How much antifreeze is needed for a complete replacement on Nissan Juke 1.6?
Total volume of the cooling system - 6.5–7 liters. However, when replacing without flushing, about 5–5.5 liters leak out (the rest remains in the block). Therefore, take 7–8 liters so that there is enough for topping up and possible rinsing.
How often should I check the antifreeze level after replacement?
Check the level for the first 3–5 days daily (in the morning on a cold engine). Then it is enough to monitor it once a month. The level should be between the "MIN" and "MAX" marks on the expansion tank. A drop in level may indicate a water leak or evaporation (in this case, add distilled water).
Can antifreeze concentrate be used without dilution?
No! The concentrate must be diluted with distilled water in a 1:1 ratio (for climates with temperatures down to -37°C). Pure concentrate freezes at -15°C and does not provide adequate corrosion protection. The exception is short-term use in emergency situations (for example, during a leak on the road).
What should you do if, after replacing the antifreeze, the engine starts to overheat?
Reasons for overheating after replacement:
- Air lock — you need to bleed the air through the fitting on the return pipe.
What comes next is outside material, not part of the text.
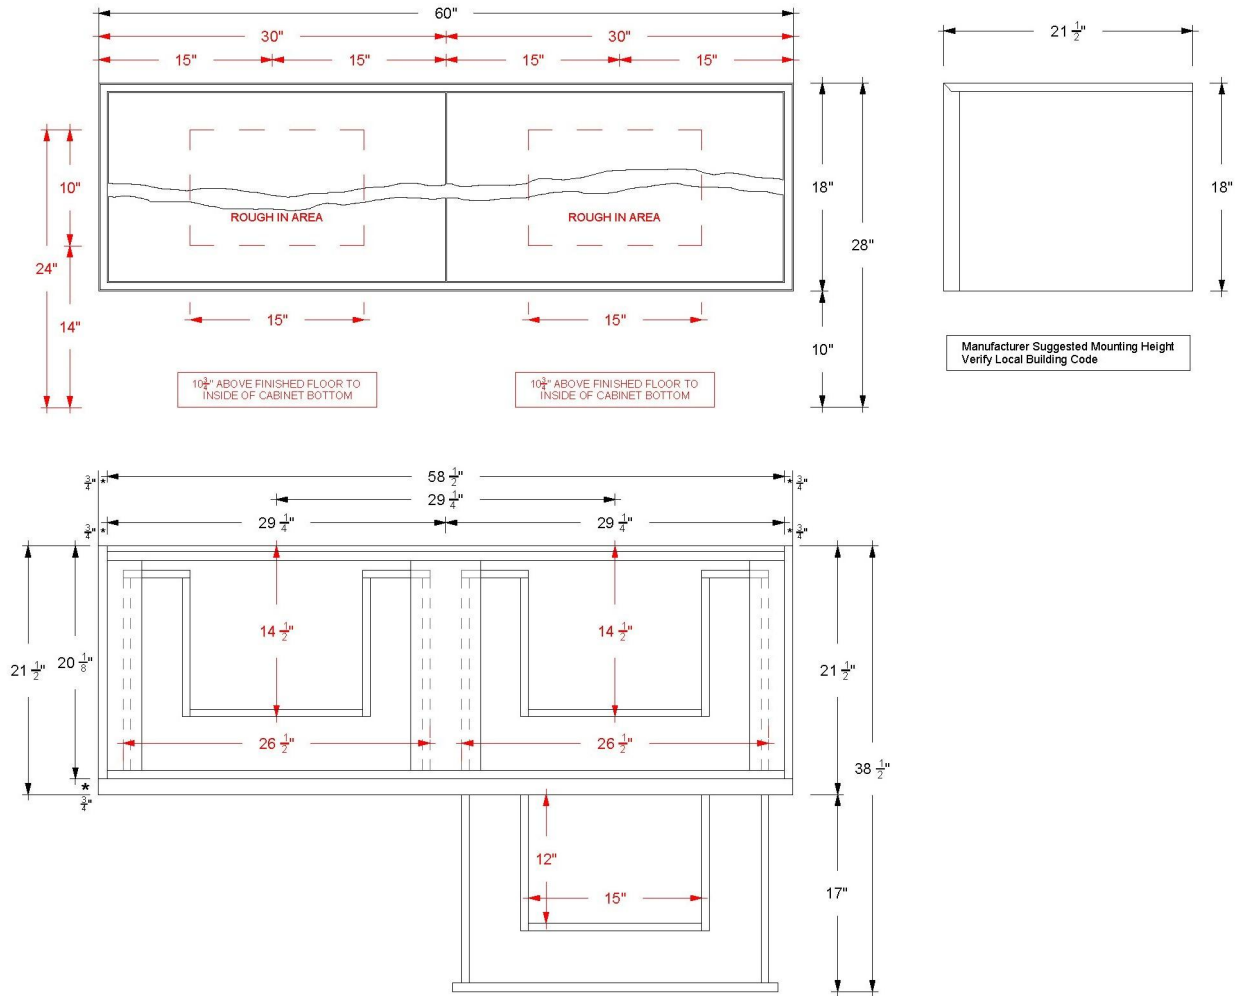

# 60" 4-Drawer Floating Double Bath Vanity

18" Height with Integrated Wood Top

Ventura

VTD6-60-F18-R

- Faulty thermostat — check whether it opens when heated (the temperature on the device should gradually rise to 90°C and stabilize).
- Clogged radiator — if washing does not help, dismantling and cleaning is required.
- Incorrect antifreeze concentration — check with a hydrometer (optimal density 1.070–1.080 g/cm³).
If the problem persists, get it checked - the water pump or temperature sensor may be faulty.